## [What the exercise asks]
Scan the listing below. Return every line containing the string "Adrián".

## [Task input]
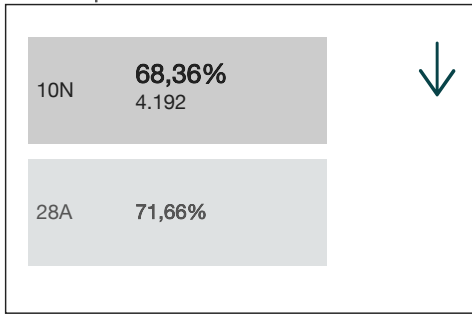

Escrutado 100%

Participación

	10N	28A
Abstención	31,64% 1.940	28,34%
Nulos	2,58% 108	2,91%
En blanco	1,67% 68	1,96%

CANDIDATOS/AS	CANDIDATURAS	VOTOS	PORCENTAJE
Pablo Ruz Villanueva	● PP	1.268	31,05%
María Adela Pedrosa Roldán	● PP	1.201	29,41%
José Asensi Sabater	● PSOE	1.051	25,73%
Consuelo Maraver Lora	● PP	1.046	25,61%
Ana Martínez Zaragoza	● PSOE	993	24,31%
Carlos Giménez Bertomeu	● PSOE	946	23,16%
Pascual Moxica Pruneda	● VOX	620	15,18%
María Asunción Villaverde Zamora	● PODEMOS-EUPV	604	14,79%
María José Gómez-Pimpollo López-Castillo	● PODEMOS-EUPV	515	12,61%
Llum Quñonero Hernández	● MÉS COMPROMÍS	514	12,59%
Roberto Molina Pilosio	● PODEMOS-EUPV	460	11,26%
Conxa del Ruste Aguilar	● MÉS COMPROMÍS	434	10,63%
Vicent Miquel Sansano Belso	● MÉS COMPROMÍS	368	9,01%
Lucía Granados Alós	● Cs	262	6,42%
Domingo Francisco Guillén Fernández	● Cs	186	4,55%
Santiago Mira Quiles	● Cs	173	4,24%
Paloma Jerez Cabello	● PACMA	80	1,96%
Juan Francisco Martínez Tortosa	● ERPV	56	1,37%
Maite Carpintero Pariente	● PACMA	43	1,05%
Germán Rabasco Mora	● PACMA	39	0,95%
José María García Cabrera	● P-LIB	28	0,69%
Abelardo Lloret López	● AVANT ADELANTE LOS VERDES	27	0,66%
Francisco de Bartolomé Gisbert	● PUM+J	11	0,27%
Manuel Serna Oltra	● PCPE	10	0,24%
Adrián Martínez Ramos	● RECORTES CERO-GV	9	0,22%
Rosa Isabel Payá Giménez	● RECORTES CERO-GV	9	0,22%
Rafael Adrián Serrano	● RECORTES CERO-GV	3	0,07%
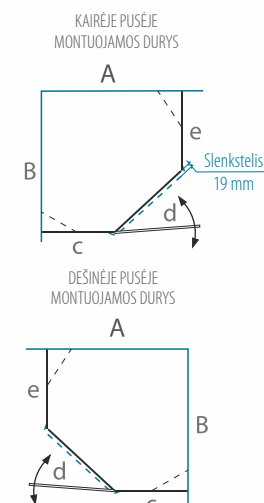

Dušo kabina INGA

DUŠO KABINA	A (mm)	B (mm)	c (mm)	d (mm)	e (mm)
ING80/EU/...	783-788	783-788	450	480	450
ING90/EU/...	883-888	883-888	450	620	450
ING10/EU/...	983-988	983-988	550	620	450

DUŠO KABINA	A (mm)	B (mm)	KABINOS AUKŠTIS (mm)	6 mm saugus grūdintas stiklas		
				Skaidrus	Tamsintas rusvai, pilkai	Raštinis, satin, šinšila, melsvas, žalsvas
80x80	783-788	783-788	1900	719 €	749 €	779 €
90x90	883-888	883-888		739 €	769 €	799 €
100x100	983-988	983-988		759 €	789 €	819 €
Nestandartiniai pasirinkti matmenys intervale 700... 1000 x 700...1000 mm				809 €	839 €	869 €

- Keičiant aukštį, taikomas 15 % antkainis. Maksimalus aukštis - 2100 mm.
- Dušo kabinos INGA duris galite montuoti tiek dešinėje, tiek kairėje kabinos pusėje (išskyrus kabinas raštuotu/satin stiklu).
- Užsakydami kabiną raštuotu/satin/secret stiklu būtinai nurodykite dešinėje ar kairėje pusėje bus montuojamos durys.
- Standartinė INGA nepritaikyta montuoti ant padėklo. Esant pageidavimui, galime pagaminti dušo kabiną INGA, tinkamą montuoti ant pasirinkto padėklo. Būtina nurodyti užsakant.
- Tinka ant padėklo SIMAS 90x90.
- Panašūs gaminiai: NIDA (48 psl.), LUKA (55 psl.), LINA (34 psl.).
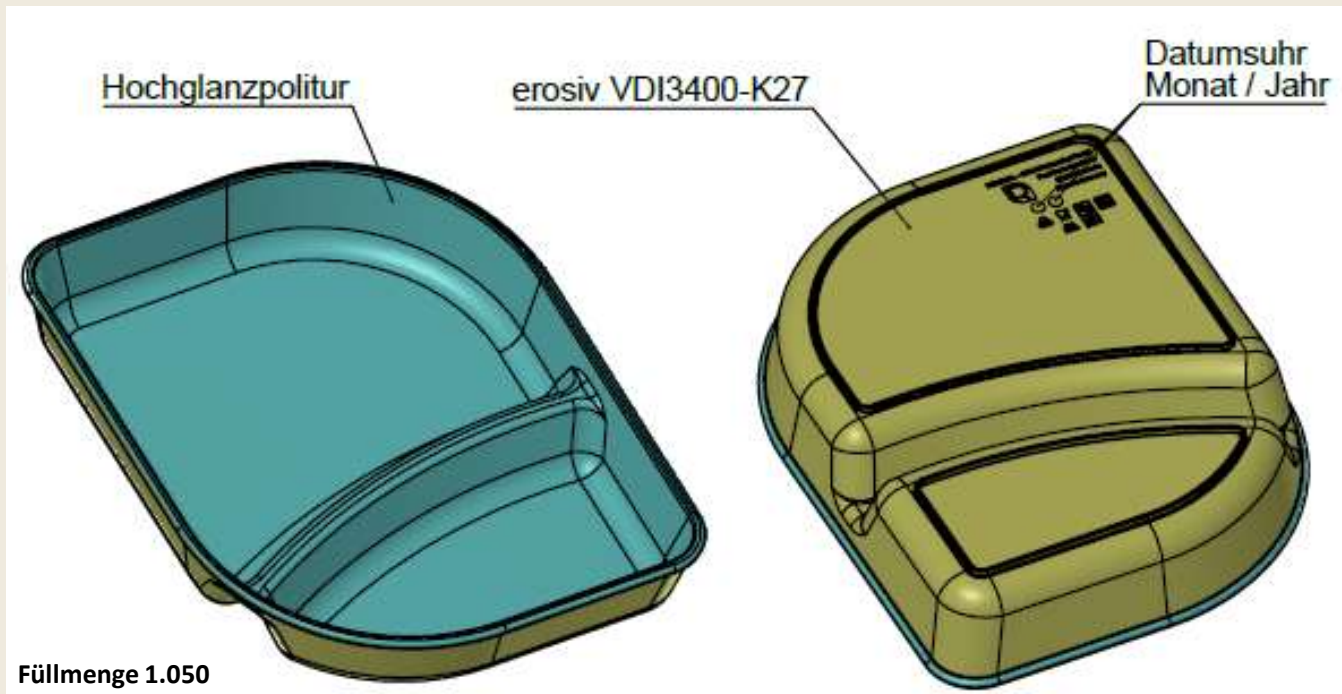

RELOCAL
DAS LOKALE PFANDSYSTEM

Unsere Eigenmarken Produkte

Becher und Schalen

Schale 1-teilig

- extrem strapazierfähig
- auslaufsicher
- geschirrspülgeeignet
- mikrowellengeeignet
- stapelbar
- ein Deckel für alle Schalen

Schale 2-teilig

- extrem strapazierfähig
- auslaufsicher
- geschirrspülgeeignet
- mikrowellengeeignet
- stapelbar
- ein Deckel für alle Schalen

Schale 3-teilig

- extrem strapazierfähig
- auslaufsicher
- geschirrspülgeeignet
- mikrowellengeeignet
- stapelbar
- ein Deckel für alle Schalen

## [Answer for this exercise]
Adrián Martínez Ramos	● RECORTES CERO-GV	9	0,22%
Rafael Adrián Serrano	● RECORTES CERO-GV	3	0,07%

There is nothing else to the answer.